# do cherries eat hair algae?



## baboo_jenge (Apr 6, 2007)

Just out of curiosity, does almighty-algae-eater cherries eat also hair algae?
my tank is infested with it. 

If anyone knows, please let me know.


----------



## eklikewhoa (Jul 24, 2006)

I believe so....not too sure but I do know that the tank housing my cherries has no algae.


----------



## Homer_Simpson (Apr 2, 2007)

IME, cherries and even amano shrimp did not eat hair algae. Hair algae took my 2.5 gallon by storm and the cherry and amono did nothing to stop or even minimize the takeover. You may want to look at Nerite snails(which are known to eat this type of algae but litter the aquarium with unhatched eggs), Florida Flagfish, Mollies and Rosy Barbs. However, some people claim that Mollies and Rosy Barbs will devour plants once they are done with the string algae.

This is a interesting link of a forum listing peoples' experiences with different types of algae eaters. You don't need to be a member to view the thread.

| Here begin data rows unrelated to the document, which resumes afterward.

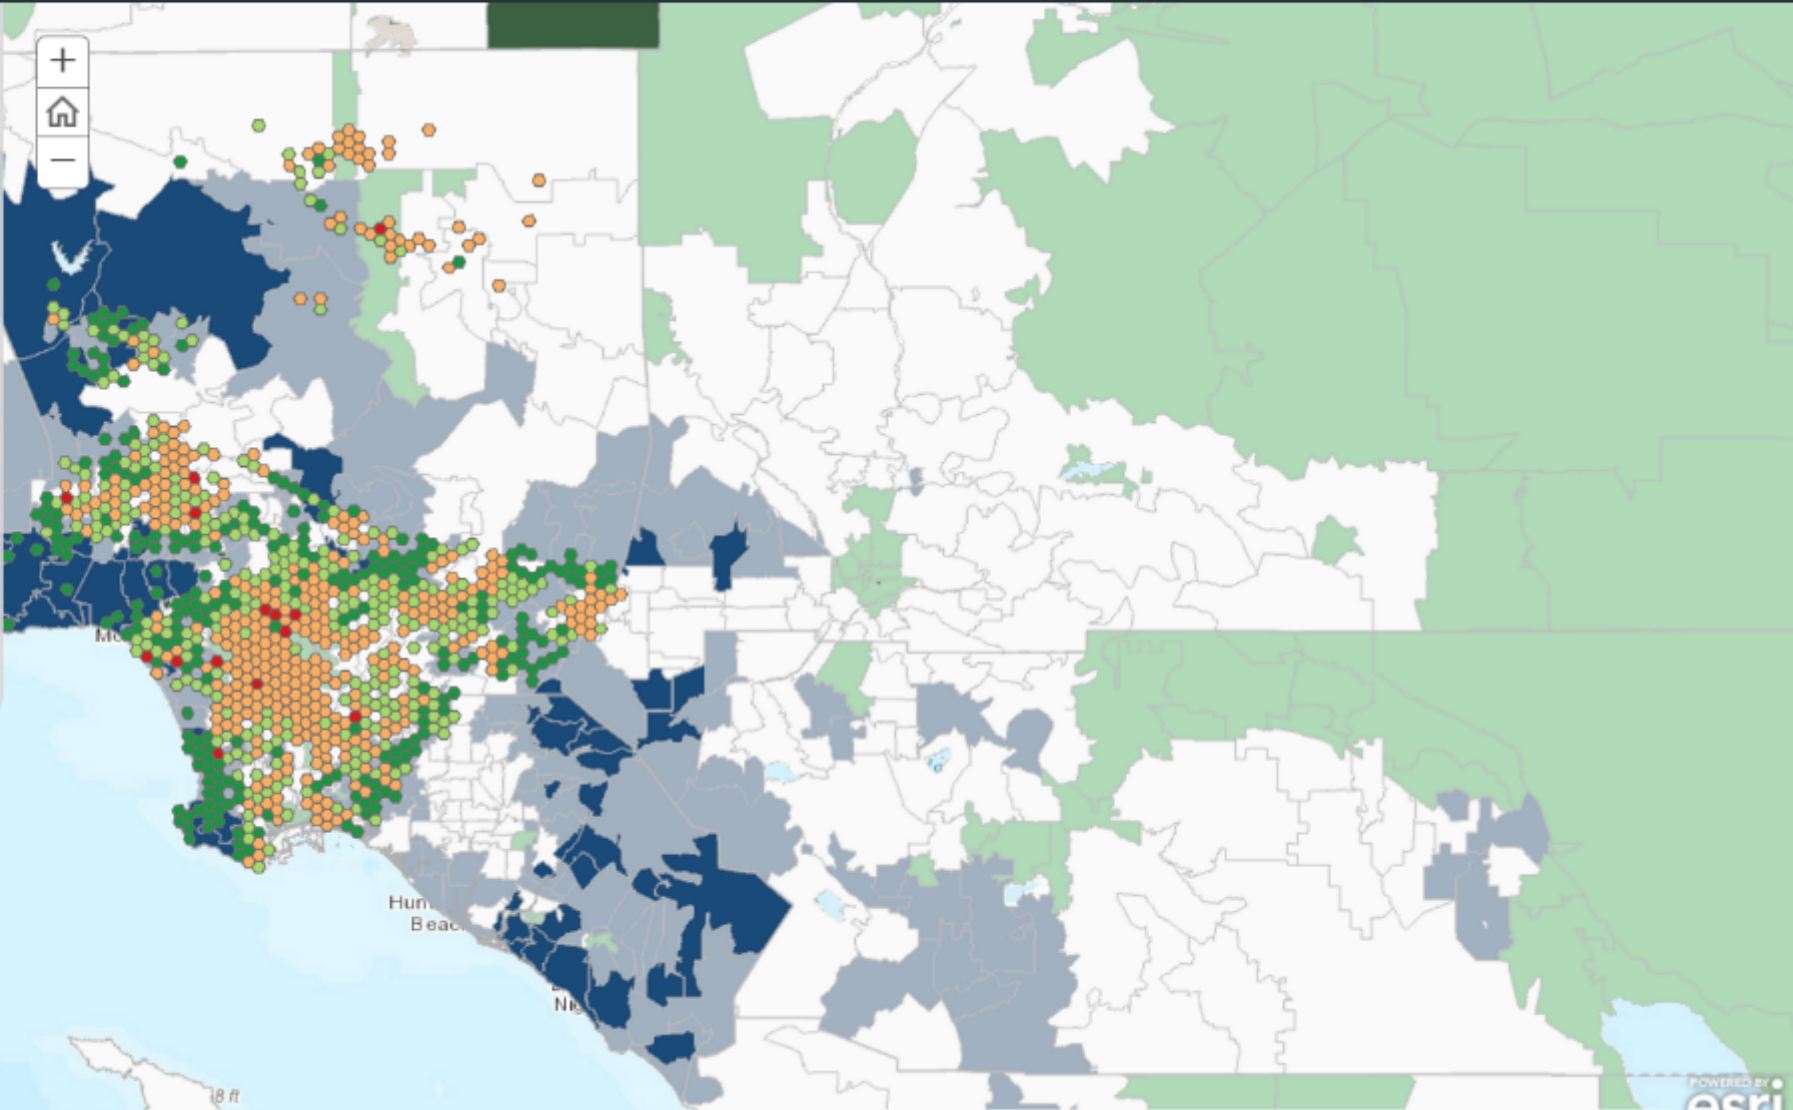

- 1
- 2
- 3
- 4
- 5
- 6
- 7
- 8
- 9
- 10
- 11
- 12
- 13
- 14
- 15
- 16
- 17
- 18

LA_Academic_Performance

Average API12B

- 863 - 979
- 800 - 863
- 622 - 799
- 0 - 621

2016 USA Median Household Income

ZIP Code

- \$ 103,600 - 200,100
- \$ 72,900 - 103,600
- \$ 42,200 - 72,900
- \$ 11,600 - 42,200
- \$ 0 - 11,600

Story Map- 5 Instructor Tips & Tricks

- 1
- 2
- 3
- 4
- 5
- 6
- 7
- 8
- 9
- 10
- 11
- 12
- 13
- 14
- 15
- 16
- 17
- 18

Story Map- 5 Instructor Tips & Tricks

- 1
- 2
- 3
- 4
- 5
- 6
- 7
- 8
- 9
- 10
- 11
- 12
- 13
- 14
- 15
- 16
- 17
- 18

East vs. West

Climbing Adventures

West Coast Best Coast

East Coast Beast Coast

Embed an Operation View

Scroll down once you access the page, as the thread starts further down.
http://www.aquariacentral.com/forums/showthread.php?t=16892


----------



## mistergreen (Mar 3, 2007)

the shrimps do eat algae but you shouldn't count on them for cleaning your tank..


----------



## Squawkbert (Jan 3, 2007)

As far as I can tell, no.


----------



## klintman (Mar 22, 2007)

my amano shrimp eat hair algae for sure. the 4 or 5 i have in the 20gal long do not consume nearly enough to knock it out though. i stopped dosing ferts aside from potassium and excel, but it is still out of control. a 2 day blackout wiped out 85% of it or so. stuff came back big time. i will give it 3 days next time.

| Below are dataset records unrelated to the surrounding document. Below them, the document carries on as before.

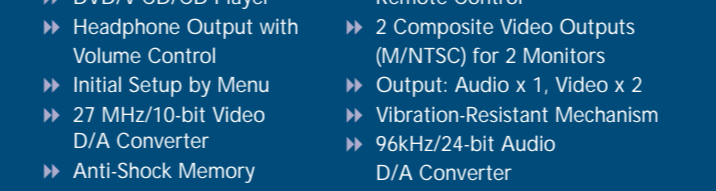

MOBILE VIDEO CASSETTE PLAYER (NTSC)	KV-V8
S-VHS Quasi-Playback (SQPB)	Advanced Digital Tracking
4-Head Hi-Fi Stereo	Self-Illuminated Function Keys
Horizontal/Vertical Installation	Audio Select on Remote
Input: Video x 1, Audio x 1	Output: Video x 1, Audio x 1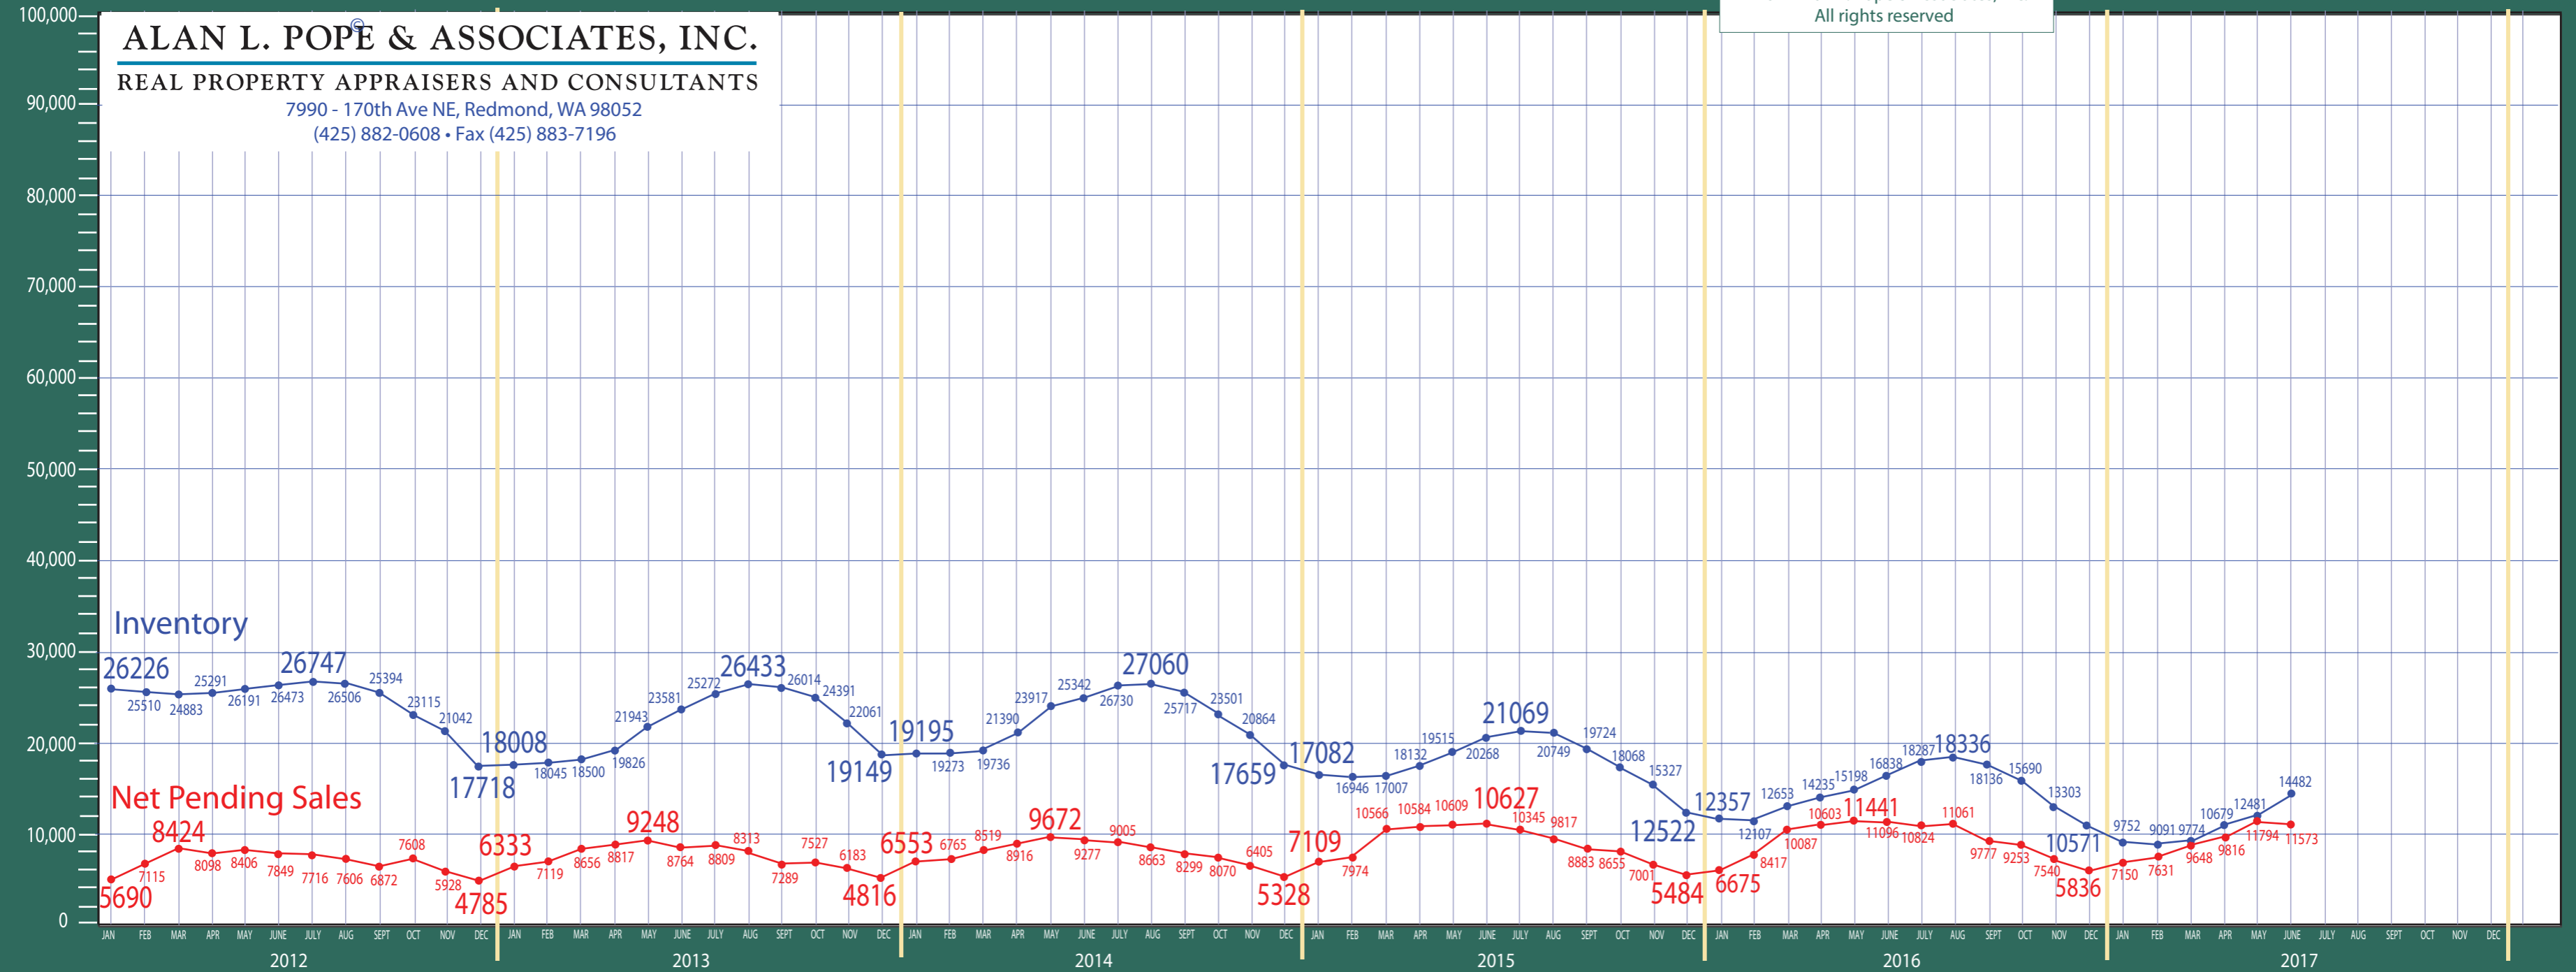

Puget Sound Region

Listing Residential & Condo Only

©2017 Alan L. Pope & Associates, Inc.
All rights reserved

ALAN L. POPE & ASSOCIATES, INC.

REAL PROPERTY APPRAISERS AND CONSULTANTS

7990 - 170th Ave NE, Redmond, WA 98052
(425) 882-0608 • Fax (425) 883-7196

a school of underfed rosy barbs will devastate hair algae (also young roots growing in the water column, wisteria, ludwigia, hygro ..et-cetera). the only plants that have survived in my barb community are java ferns and crypts.

i was contemplating putting the rosy brigade in the 20 to have a go at the hair algae, but a circumstance arose. a danio in there developed a bent spine(fish TB???). needless to say nothing else is going in there for a while.


----------



## Six (May 29, 2006)

mine keep it from growing but dont make a dent in a serious problem.

GL


----------